[Opening Data for analysis section]

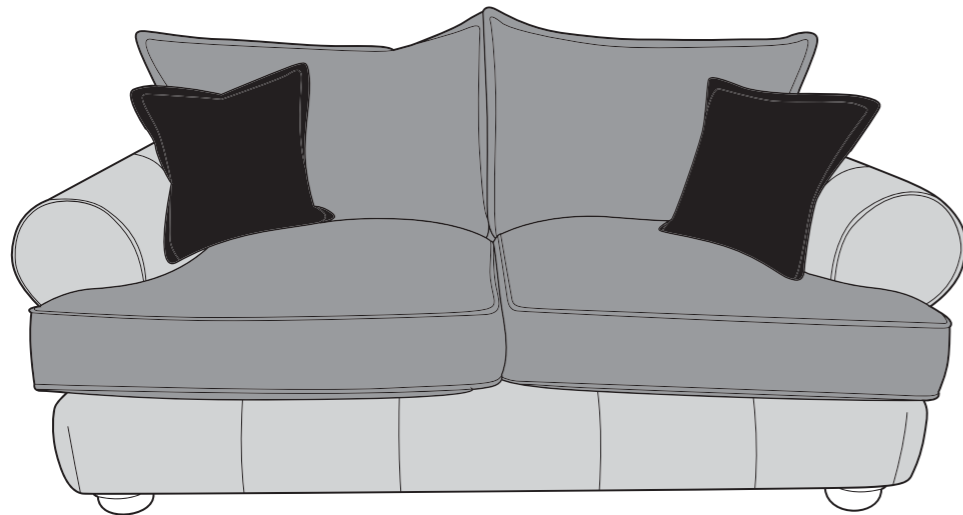

Please use this guide when ordering the following pieces to clarify cover options.

4 Seater Modular Sofa - 4MD-S-C

3 Seater Sofa - 3ST-S-C

2 Seater Sofa - 2ST-S-C

Love Chair - LOV-S-C

COVER 1
(OUTER / FRONT
BORDER / ARM/
SIDES)

COVER 2
(INNER/
OUTSIDE BACK)

COVER 3
(SCATTER)

Standard back
Scatter Cushions

Front = Cover 3
Back = Cover 2
Flanged Edge

MANUFACTURER MEMBER

HORATIO MIX COVER GUIDE: PILLOW BACK

Please use this guide when ordering the following pieces to clarify cover options.

4 Seater Modular Sofa - 4MD-P-C

3 Seater Sofa - 3ST-P-C

2 Seater Sofa - 2ST-P-C

Love Chair - LOV-P-C

COVER 1
(OUTER / FRONT BORDER/ ARM/ SIDES)

COVER 2
(INNER/ OUTSIDE BACK/ PILLOW)

COVER 3
(PILLOW)

COVER 4
(PILLOW)

Please note : All dimension are approximate. Allow tolerance of +/- 2.5cm.

A high density foam base seat interior with a duck feather filled, channelled topper which provides both luxurious softness and support.
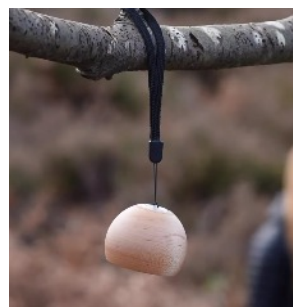

Capture your lovely moment at any time,
anywhere...
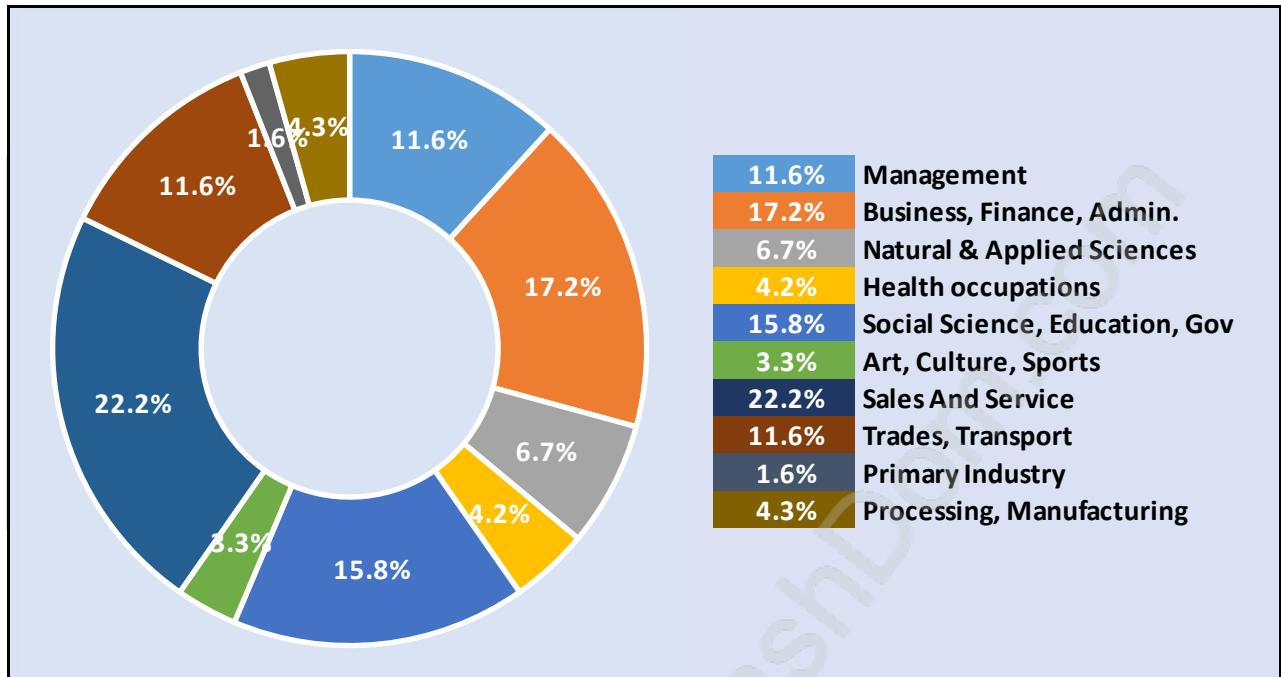

Households by Household Size in Albion

Total Number of Households - 2,378

Dwellings in Albion

Population Age 15+ in Albion

Labour Force by Occupation in Albion

Labour Force Participation in Albion

Travel To Work in (from) Albion

Occupied Dwellings by Structure Type in Albion

Dominant Bulding Type - Houses

Private Dwellings by Period of Construction in Albion

Dominant Period of Construction - 2001-2005

Population by Religion in Albion
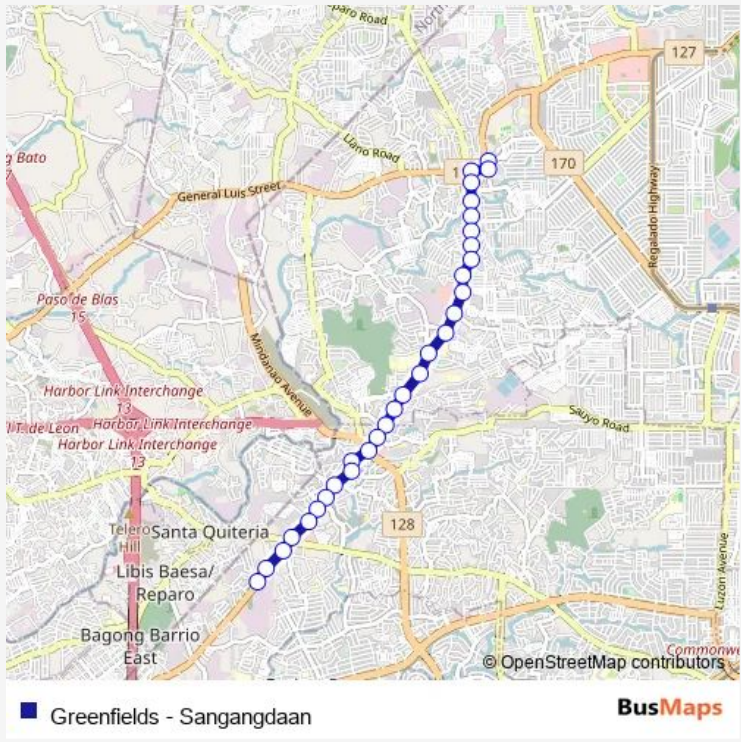

Bus Greenfields - Sangangdaan

[Go to website](#)

Direction
 Dumulay / Quirino Highway, Quezon City, Manila — Quirino Highway / Rodriguez Drive Intersection, Quezon City
 30 stops
[Open route schedule](#)

- Dumulay / Quirino Highway, Quezon City, Manila
- Our Lady Mercy Church, Quirino Highway, Caloocan City
- Ramirez / Quirino Highway, Caloocan City
- Quirino Highway, Quezon City
- Quirino Highway, Quezon City
- Novaliches Elementary School, Quirino Highway, Quezon City
- Quirino Highway, Quezon City
- Quirino Highway, Quezon City
- Quirino Highway / Villaflor Intersection, Quezon City
- Quirino Highway / Premiere Street Intersection, Quezon City
- SM Cinema, Quirino Highway, Quezon City
- St John of Beverly, Quirino Highway, Quezon City
- Quirino Highway / Evangelista Intersection, Quezon City
- Quirino Highway / Rockville Avenue Intersection, Quezon City
- Quirino Highway / T. Urbano Intersection, Quezon City
- Quirino Highway / T. Carreon Intersection, Quezon City
- Quirino Highway / Goodwill Homes 2 Intersection, Quezon City
- Quirino Highway, Quezon City
- Quirino Highway, Quezon City

Route schedule
 Dumulay / Quirino Highway, Quezon City, Manila — Quirino Highway / Rodriguez Drive Intersection, Quezon City

Monday	00:00
Tuesday	00:00
Wednesday	00:00
Thursday	00:00
Friday	00:00
Saturday	00:00
Sunday	00:00

Route info
 Direction: Dumulay / Quirino Highway, Quezon City, Manila
 Stops: 30
 Trip Duration: 0 hour 31 min

Quirino Highway / Mindanao Avenue Intersection, Quezon City

MAN Bus and Trucks, Quirino Highway, Quezon City
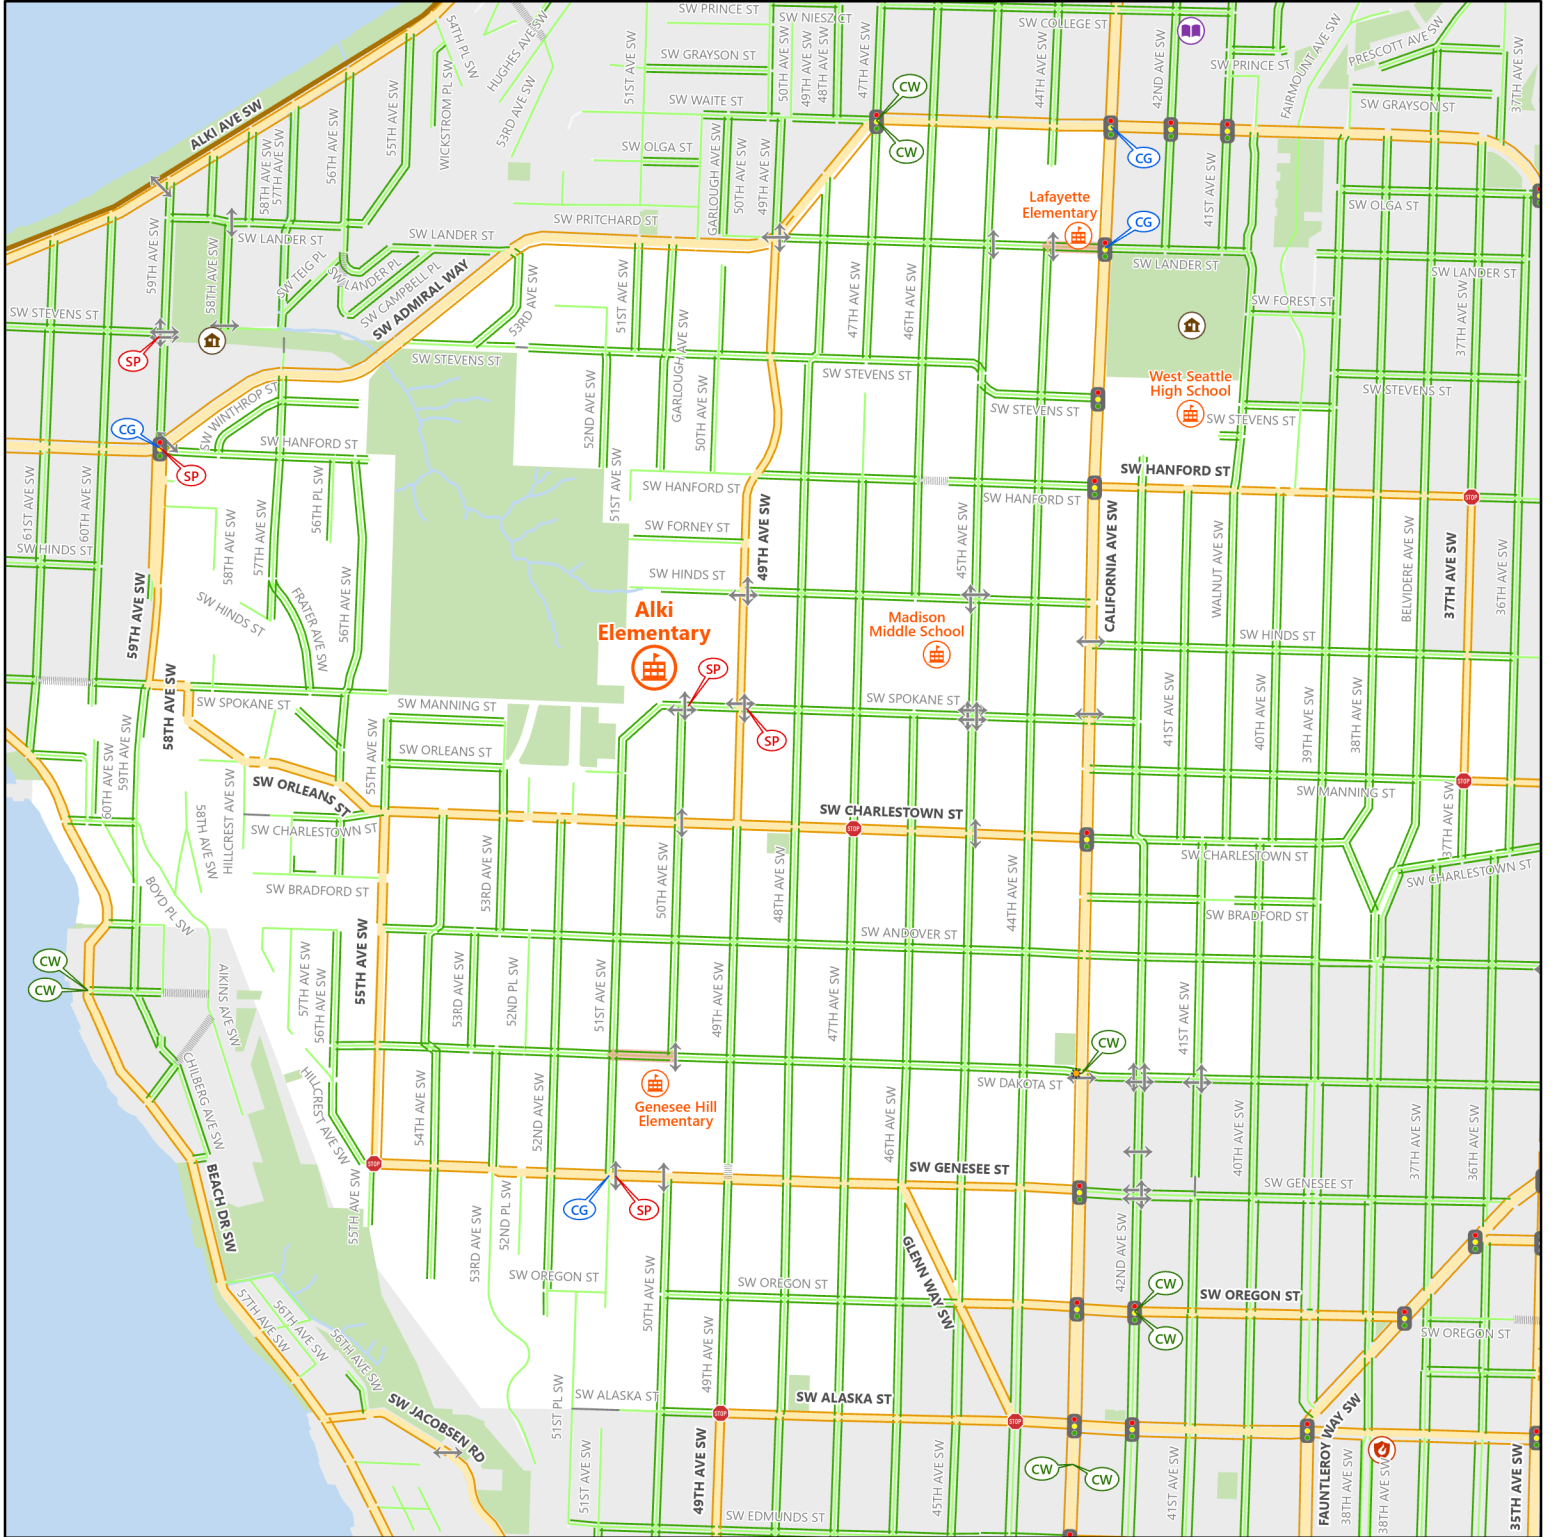

2023-24 Safe Routes to School

Alki Elementary

0 495 990 1,980 Feet
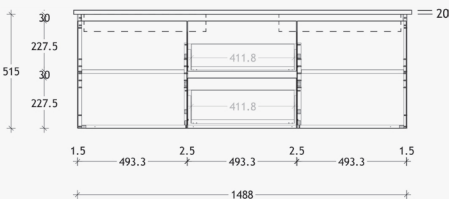

Summer Twin (Wall Hung)

900 Centre Bowl

Code: SUTW0900WHC

900 Offset Bowl

Right Offset Code: SUTW0900WHR
Left Offset Code: SUTW0900WHL

1200 Centre Bowl

Code: SUTW1200WHC

1200 Offset Bowl

Right Offset Code: SUTW1200WHR
Left Offset Code: SUTW1200WHL

1200 Double Bowl

Code: SUTW1200WHD

1500 Offset Bowl

Right Offset Code: SUTW1500WHR
Left Offset Code: SUTW1500WHL

1500 Double Bowl

Code: SUTW1500WHD

End View
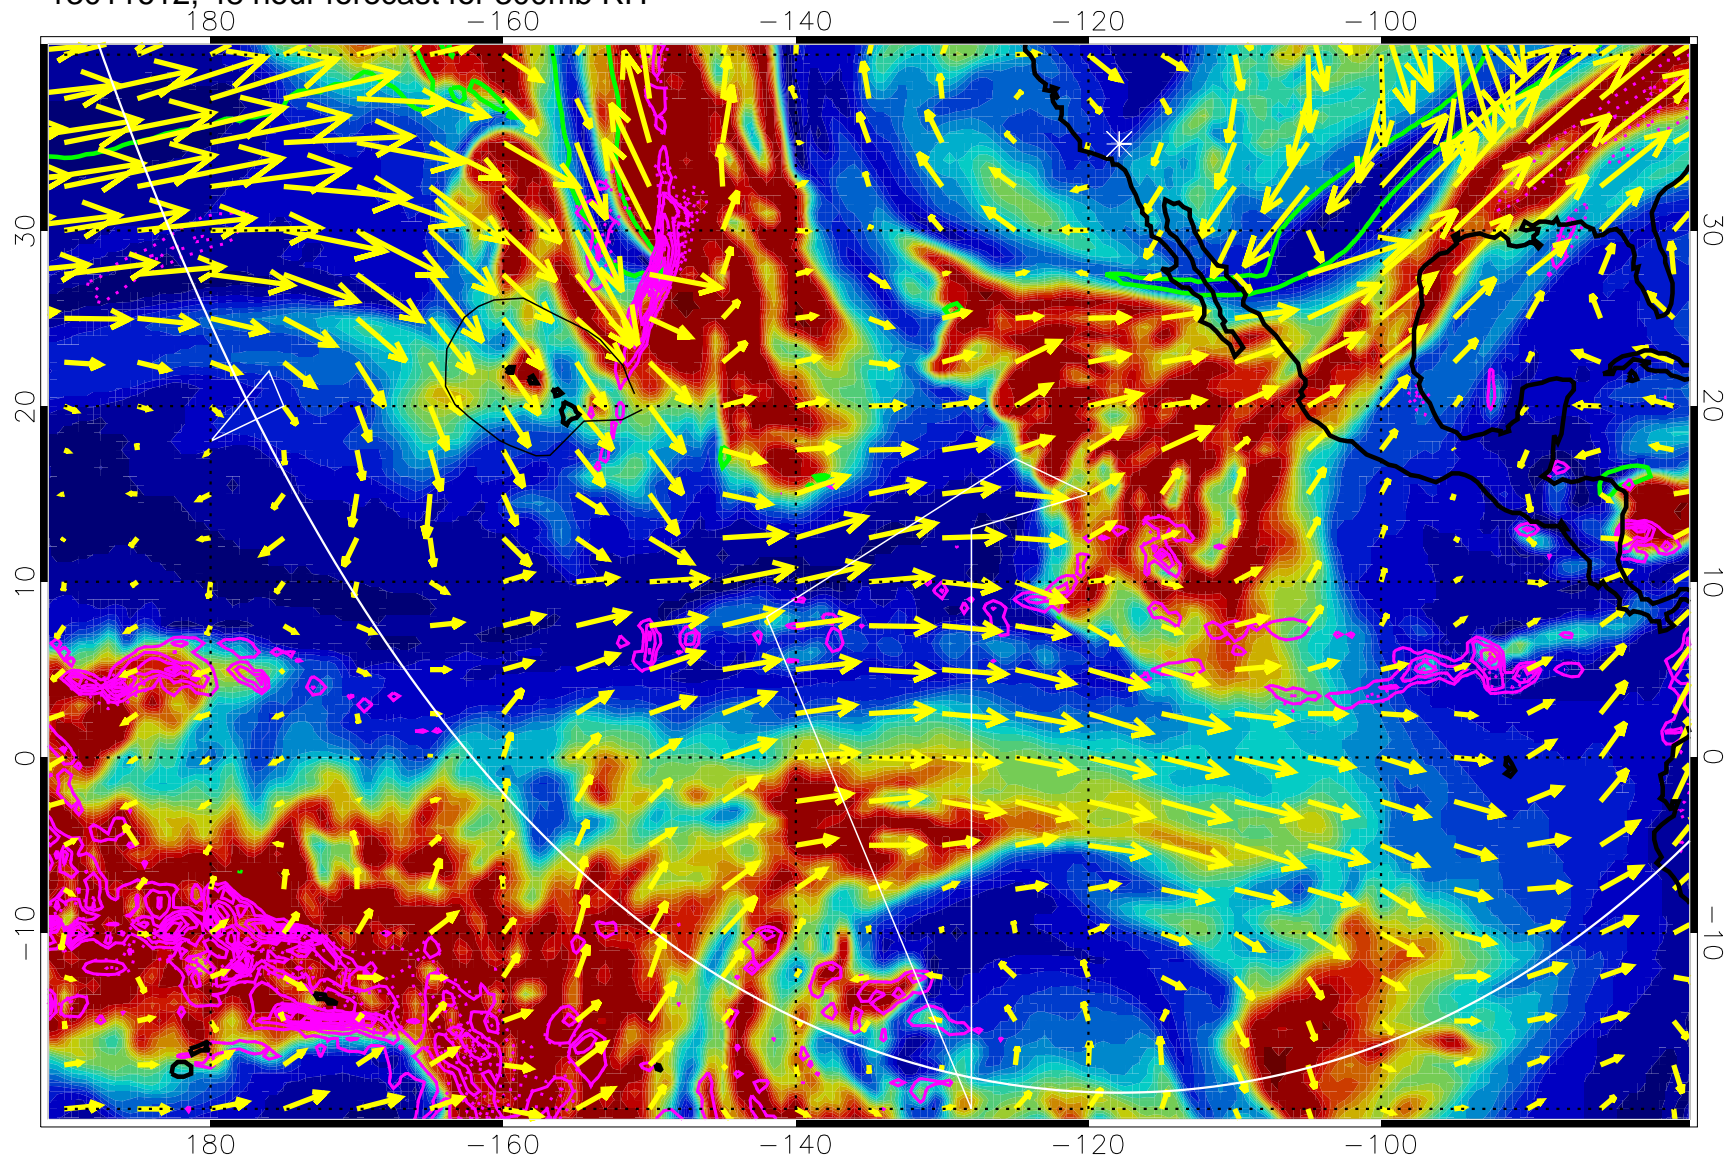

EPV Tropopause (2 PVU) Position

→ 50 m/s

Range ring of 6000 km -- 19 hours GH round trip

13011512, 24 hour forecast for 300mb RH

Precip (tot dot, conv sol) past 6 hrs 6 kg/m2 contours, min 4

EPV Tropopause (2 PVU) Position

13011600, 36 hour forecast for 300mb RH

Precip (tot dot, conv sol) past 6 hrs 6 kg/m2 contours, min 4

EPV Tropopause (2 PVU) Position

→ 50 m/s

Range ring of 6000 km -- 19 hours GH round trip

13011606, 42 hour forecast for 300mb RH

Precip (tot dot, conv sol) past 6 hrs 6 kg/m2 contours, min 4

EPV Tropopause (2 PVU) Position

→ 50 m/s

Range ring of 6000 km -- 19 hours GH round trip

13011612, 48 hour forecast for 300mb RH

Precip (tot dot, conv sol) past 6 hrs 6 kg/m2 contours, min 4

EPV Tropopause (2 PVU) Position

→ 50 m/s

Range ring of 6000 km -- 19 hours GH round trip

13011618, 54 hour forecast for 300mb RH

Precip (tot dot, conv sol) past 6 hrs 6 kg/m2 contours, min 4

EPV Tropopause (2 PVU) Position

[Closing Data for analysis section]

What this task involves | Going back to the data above, write out everything from the line with "- SM Cinema, Quirino Highway, Quezon City" down to the line with "1200 Double Bowl", both included, leaving every picture out.

Exercise result |
- SM Cinema, Quirino Highway, Quezon City
- St John of Beverly, Quirino Highway, Quezon City
- Quirino Highway / Evangelista Intersection, Quezon City
- Quirino Highway / Rockville Avenue Intersection, Quezon City
- Quirino Highway / T. Urbano Intersection, Quezon City
- Quirino Highway / T. Carreon Intersection, Quezon City
- Quirino Highway / Goodwill Homes 2 Intersection, Quezon City
- Quirino Highway, Quezon City
- Quirino Highway, Quezon City

Route schedule
 Dumulay / Quirino Highway, Quezon City, Manila — Quirino Highway / Rodriguez Drive Intersection, Quezon City

Monday	00:00
Tuesday	00:00
Wednesday	00:00
Thursday	00:00
Friday	00:00
Saturday	00:00
Sunday	00:00

Route info
 Direction: Dumulay / Quirino Highway, Quezon City, Manila
 Stops: 30
 Trip Duration: 0 hour 31 min

Quirino Highway / Mindanao Avenue Intersection, Quezon City

MAN Bus and Trucks, Quirino Highway, Quezon City

2023-24 Safe Routes to School

Alki Elementary

0 495 990 1,980 Feet

Summer Twin (Wall Hung)

900 Centre Bowl

Code: SUTW0900WHC

900 Offset Bowl

Right Offset Code: SUTW0900WHR
Left Offset Code: SUTW0900WHL

1200 Centre Bowl

Code: SUTW1200WHC

1200 Offset Bowl

Right Offset Code: SUTW1200WHR
Left Offset Code: SUTW1200WHL

1200 Double Bowl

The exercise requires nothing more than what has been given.